Records drawn from a dataset:
++++++
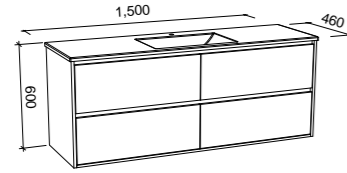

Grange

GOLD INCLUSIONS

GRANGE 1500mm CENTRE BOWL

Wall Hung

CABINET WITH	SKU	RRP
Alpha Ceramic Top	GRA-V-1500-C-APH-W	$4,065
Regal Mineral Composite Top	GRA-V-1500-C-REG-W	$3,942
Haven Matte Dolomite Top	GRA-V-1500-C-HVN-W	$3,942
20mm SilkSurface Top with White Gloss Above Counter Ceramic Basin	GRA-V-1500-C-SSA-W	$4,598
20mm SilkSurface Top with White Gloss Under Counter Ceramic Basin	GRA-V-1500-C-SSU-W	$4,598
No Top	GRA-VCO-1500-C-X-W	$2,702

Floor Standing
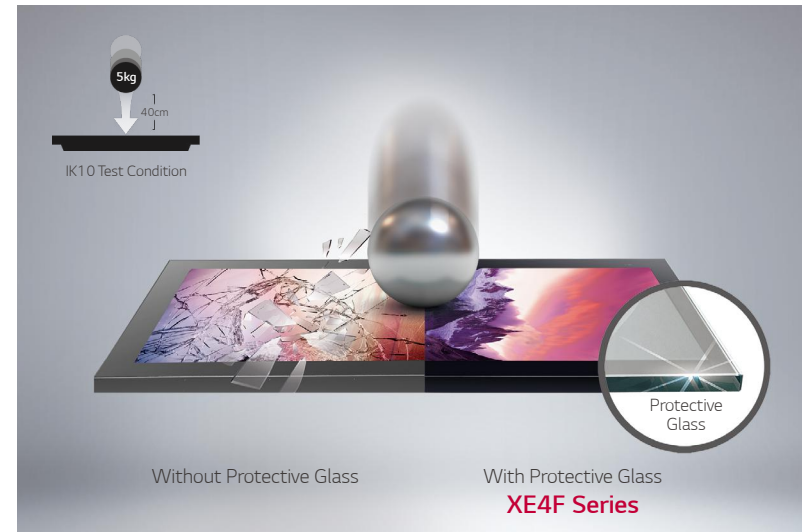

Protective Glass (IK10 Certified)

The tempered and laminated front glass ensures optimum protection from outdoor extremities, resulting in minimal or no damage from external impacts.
++++++
EXERCISE DETAILS: All lines above must be repeated exactly, and the pictures must be omitted.

REPLY TO THE EXERCISE:
Grange

GOLD INCLUSIONS

GRANGE 1500mm CENTRE BOWL

Wall Hung

CABINET WITH	SKU	RRP
Alpha Ceramic Top	GRA-V-1500-C-APH-W	$4,065
Regal Mineral Composite Top	GRA-V-1500-C-REG-W	$3,942
Haven Matte Dolomite Top	GRA-V-1500-C-HVN-W	$3,942
20mm SilkSurface Top with White Gloss Above Counter Ceramic Basin	GRA-V-1500-C-SSA-W	$4,598
20mm SilkSurface Top with White Gloss Under Counter Ceramic Basin	GRA-V-1500-C-SSU-W	$4,598
No Top	GRA-VCO-1500-C-X-W	$2,702

Floor Standing

Protective Glass (IK10 Certified)

The tempered and laminated front glass ensures optimum protection from outdoor extremities, resulting in minimal or no damage from external impacts.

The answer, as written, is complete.